Claiborne’s trial is scheduled to begin on March 12, 1984. On January 3, 1984, Claiborne filed inter alia a motion to quash the indictment and to dismiss the proceedings against him, claiming the Constitution prohibits the criminal prosecution of an active federal judge before he is removed from office through the impeachment process. The district court judge 2 denied the motion by an amended order dated February 8, 1984. In that order, the trial court found *844 Claiborne’s claim “frivolous” and stated that the case would proceed to trial as scheduled on March 12, 1984. The district court also indicated its intention to hear other pre-trial motions on February 21, 1984. Claiborne filed an interlocutory appeal of this order with the Ninth Circuit Court of Appeals. Characterizing the district court’s order as “a final collateral order”, Claiborne claims this interlocutory appeal vested exclusive jurisdiction in this court pursuant to 28 U.S.C. § 1291 and divested the district court of jurisdiction to proceed. Claiborne also filed an application for writ of prohibition and mandamus, seeking to stay the trial court from proceeding until this court resolved the merits of his interlocutory appeal. By an order dated February 16, 1984, we declined to stay the district court’s proceedings of February 21, 1984, without prejudice. Claiborne renewed his motion for a stay on February 17, 1984.

I. Appealability

Claiborne’s motion to dismiss was based upon the separation of powers principle of the Constitution and specific constitutional provisions which purportedly immunize a federal judge from criminal prosecution until he is removed from office by the impeachment process. As the parties agree, we have jurisdiction to review Claiborne’s noncertified interlocutory appeal from the district court’s dismissal of this claim.

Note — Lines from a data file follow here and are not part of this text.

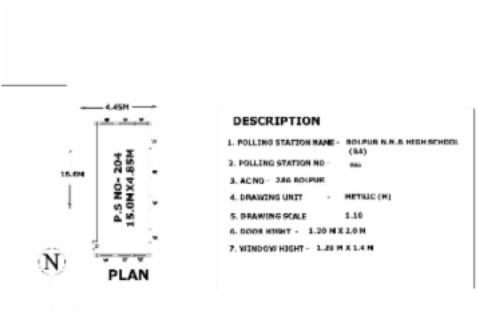

নির্বাচক নিবন্ধন আধিকারিকের স্বাক্ষর

Nazri Naksha

Google Map View

Polling Station Building Front View

Polling Station Front View

Cad View

Key MAP View

বিধানসভা নির্বাচনক্ষেত্রের নং, নাম : 286-বোলপুর
ভাগ নং, নাম : 1-গ্রাম-নেতাজী রোড নায়েকপাড়া(উত্তর - পূর্ব)
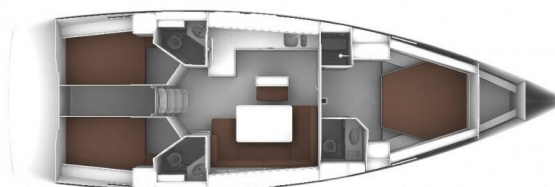

# BAVARIA CRUISER 46 STYLE

Hana (2020)

Plachetnice Bavaria Cruiser 46 Style Hana, rok spuštění na vodu 2020 kotví v marině **Biograd – Marina Kornati, Zadarský region (Chorvatsko), Chorvatsko**. Počet kajut: **3**, může ubytovat celkem: **6 + 1** a má toalet: **3**. Povlečení a kuchyňské vybavení jsou zahrnuty v ceně.

Although 28 U.S.C. § 1291 limits appellate court’s jurisdiction to “final decisions of the district courts”, the Supreme Court has permitted departures from this rule where an interlocutory order falls into the “collateral order” exception announced in Cohen v. Beneficial Industrial Loan Corp., 337 U.S. 541, 545-47, 69 S.Ct. 1221, 1225-26, 93 L.Ed. 1528 (1949). Under that exception, an interlocutory order is immediately appealable if it “conclusively determines the disputed question, resolve[s] an important issue completely separate from the merits of the action, and is effectively unreviewable on appeal from final judgment.” Coopers & Lybrand v. Livesay, 437 U.S. 463, 468, 98 S.Ct. 2454, 2458, 57 L.Ed.2d 351 (1978); United States v. Hollywood Motor Car Co., 458 U.S. 263, 265, 102 S.Ct. 3081, 3083, 73 L.Ed.2d 754 (1981). In Abney v. United States, 431 U.S. 651, 659-60, 97 S.Ct. 2034, 2040, 52 L.Ed.2d 651 (1977), the Court, applying Cohen, held that an interlocutory order denying defendant’s pre-trial motion to dismiss an indictment on double jeopardy grounds was immediately appeala-ble. And in Helstoski v. Meanor, 442 U.S. 500, 506-08, 99 S.Ct. 2445, 2448-49, 61 L.Ed.2d 30 (1979), the Court held immediately reviewable a Congressman’s pre-trial claim that the Speech and Debate clause immunized him from criminal prosecution. Both Abney and Helstoski, in addition to satisfying the other requirements of Cohen, involved “an asserted right the legal and practical value of which would be destroyed if it were not vindicated before trial.” Hollywood Motor, 458 U.S. at 266, 102 S.Ct. at 3084. The defendants in those two cases raised claims based upon “the right not to be tried, which must be upheld prior to trial if it is to be enjoyed at all.” United States v. MacDonald, 435 U.S. 850, 860-61, 98 S.Ct. 1547, 1552-53, 56 L.Ed.2d 18 (1978).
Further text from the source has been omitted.